>>

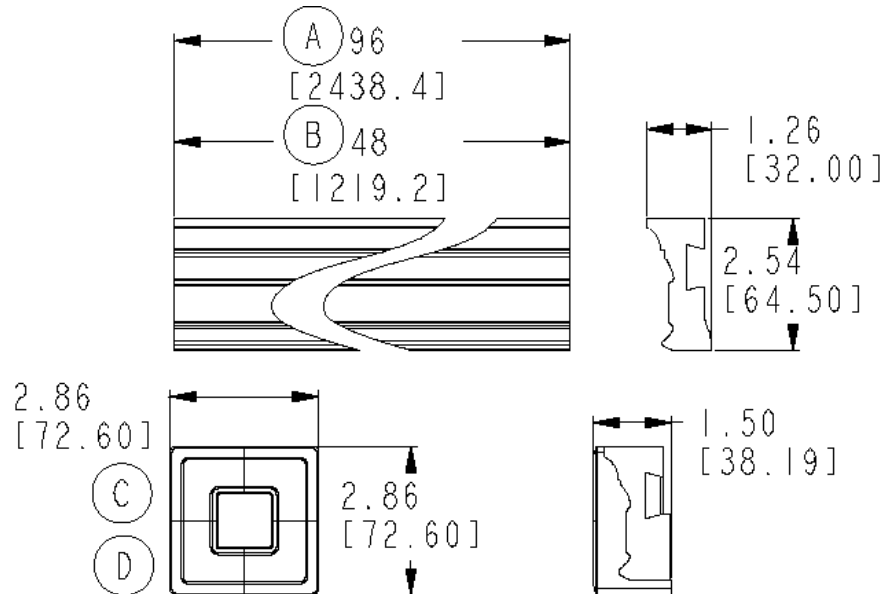

Mirrorscapes Technical Specification

5000 Series

Stock Numbers:

- q **MS5048 – 4’ Decorative Straight (1 pair)**
BN = Brushed Nickel Finish
CH = Chrome Finish
ORB = Oil Rubbed Bronze Finish
- q **MS5096 – 8’ Decorative Straight (1 pair)**
BN = Brushed Nickel Finish
CH = Chrome Finish
ORB = Oil Rubbed Bronze Finish
- q **MC5000 – Decorative Corners (4 corners)**
BN = Brushed Nickel Finish
CH = Chrome Finish
ORB = Oil Rubbed Bronze Finish
- q **ME5055 – Decorative Extensions (2 extensions)**
BN = Brushed Nickel Finish
CH = Chrome Finish
ORB = Oil Rubbed Bronze Finish

Dimensions:

Installation Instructions:

1. Remove backing to expose adhesive on mounting brackets.
2. Position corner template on the mirror.
3. Guided by corner template, secure corner mounting bracket to mirror.
4. Once mounting bracket is secured, remove corner template.
5. Repeat for all corners.
6. Center straight template at edge of mirror.
7. Guided by straight template, secure straight mounting bracket to mirror.
8. Once mounting bracket is secured, remove straight mounting template.
9. Repeat on all sides of mirror.
10. Attach decorative corners onto corner mounting brackets.
11. With a marker, trace a line on the mirror along the inner edges of the corner brackets.
12. Remove decorative corners.
13. Measure between marked lines to determine lengths of straight pieces.
14. Cut straight pieces to measurements made in step 13.
15. Press straight pieces onto mounting brackets.
16. Press decorative corners onto mounting brackets.

Materials:

5000 series straights are wood.
Corners are wood. Mounting brackets are ABS plastic.

Cleaning Instructions:

To preserve the fine finish of this product, clean only with a soft cloth. Do not use commercial or abrasive cleaners.
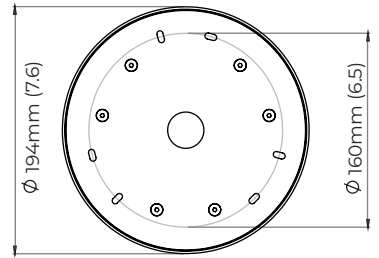

ring cluster round 10 - bronze with black silk braided flex
ACCCLURO10BZ

SUSPENSION

black silk braided flex (120v supplied with round silk flex)
satin brass or bronze ceiling box

please specify

- the required number of shades (3-10)
- the length of the longest drop (max. 6 meters)
- the length of the shortest drop (min. 300mm)

cluster round 3

270mm (10.5)

mounting plate dimensions

cluster round 4-7

370mm (14.5)

mounting plate dimensions

cluster round 8-10

450mm (18)

mounting plate dimensions
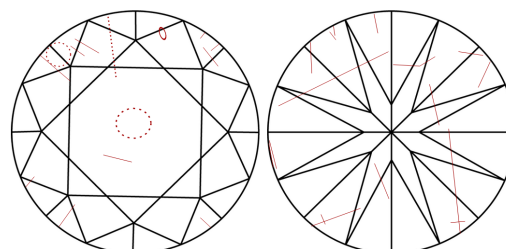

**DIAMOND REPORT**

April 20, 2026  
IGI Report Number **743558265**  
Description **NATURAL DIAMOND**  
Shape and Cutting Style **ROUND BRILLIANT**  
Measurements **8.18 - 8.23 X 4.93 MM**

**GRADING RESULTS**

Carat Weight **2.02 CARATS**  
Color Grade **I**  
Clarity Grade **I1**  
Cut Grade **EXCELLENT**

**ADDITIONAL GRADING INFORMATION**

Polish **EXCELLENT**  
Symmetry **EXCELLENT**  
Fluorescence **NONE**  
Inscription(s) **IGI 743558265**

**PROPORTIONS**

Sample Image Used

**CLARITY CHARACTERISTICS**

**KEY TO SYMBOLS**

Red symbols indicate internal characteristics.  
Green symbols indicate external characteristics.

**COLOR**

| D - F     | G - J          | K - M           | N - R            | S - Z       | FANCY |
|-----------|----------------|-----------------|------------------|-------------|-------|
| Colorless | Near Colorless | Slightly Tinted | Very Light Color | Light Color |       |

<<

[The task] Each record above should be copied character for character, with pictures dropped.

[Result for this exercise]
Mirrorscapes Technical Specification

5000 Series

Stock Numbers:

- q **MS5048 – 4’ Decorative Straight (1 pair)**
BN = Brushed Nickel Finish
CH = Chrome Finish
ORB = Oil Rubbed Bronze Finish
- q **MS5096 – 8’ Decorative Straight (1 pair)**
BN = Brushed Nickel Finish
CH = Chrome Finish
ORB = Oil Rubbed Bronze Finish
- q **MC5000 – Decorative Corners (4 corners)**
BN = Brushed Nickel Finish
CH = Chrome Finish
ORB = Oil Rubbed Bronze Finish
- q **ME5055 – Decorative Extensions (2 extensions)**
BN = Brushed Nickel Finish
CH = Chrome Finish
ORB = Oil Rubbed Bronze Finish

Dimensions:

Installation Instructions:

1. Remove backing to expose adhesive on mounting brackets.
2. Position corner template on the mirror.
3. Guided by corner template, secure corner mounting bracket to mirror.
4. Once mounting bracket is secured, remove corner template.
5. Repeat for all corners.
6. Center straight template at edge of mirror.
7. Guided by straight template, secure straight mounting bracket to mirror.
8. Once mounting bracket is secured, remove straight mounting template.
9. Repeat on all sides of mirror.
10. Attach decorative corners onto corner mounting brackets.
11. With a marker, trace a line on the mirror along the inner edges of the corner brackets.
12. Remove decorative corners.
13. Measure between marked lines to determine lengths of straight pieces.
14. Cut straight pieces to measurements made in step 13.
15. Press straight pieces onto mounting brackets.
16. Press decorative corners onto mounting brackets.

Materials:

5000 series straights are wood.
Corners are wood. Mounting brackets are ABS plastic.

Cleaning Instructions:

To preserve the fine finish of this product, clean only with a soft cloth. Do not use commercial or abrasive cleaners.

ring cluster round 10 - bronze with black silk braided flex
ACCCLURO10BZ

SUSPENSION

black silk braided flex (120v supplied with round silk flex)
satin brass or bronze ceiling box

please specify

- the required number of shades (3-10)
- the length of the longest drop (max. 6 meters)
- the length of the shortest drop (min. 300mm)

cluster round 3

270mm (10.5)

mounting plate dimensions

cluster round 4-7

370mm (14.5)

mounting plate dimensions

cluster round 8-10

450mm (18)

mounting plate dimensions

**DIAMOND REPORT**

April 20, 2026  
IGI Report Number **743558265**  
Description **NATURAL DIAMOND**  
Shape and Cutting Style **ROUND BRILLIANT**  
Measurements **8.18 - 8.23 X 4.93 MM**

**GRADING RESULTS**

Carat Weight **2.02 CARATS**  
Color Grade **I**  
Clarity Grade **I1**  
Cut Grade **EXCELLENT**

**ADDITIONAL GRADING INFORMATION**

Polish **EXCELLENT**  
Symmetry **EXCELLENT**  
Fluorescence **NONE**  
Inscription(s) **IGI 743558265**

**PROPORTIONS**

Sample Image Used

**CLARITY CHARACTERISTICS**

**KEY TO SYMBOLS**

Red symbols indicate internal characteristics.  
Green symbols indicate external characteristics.

**COLOR**

| D - F     | G - J          | K - M           | N - R            | S - Z       | FANCY |
|-----------|----------------|-----------------|------------------|-------------|-------|
| Colorless | Near Colorless | Slightly Tinted | Very Light Color | Light Color |       |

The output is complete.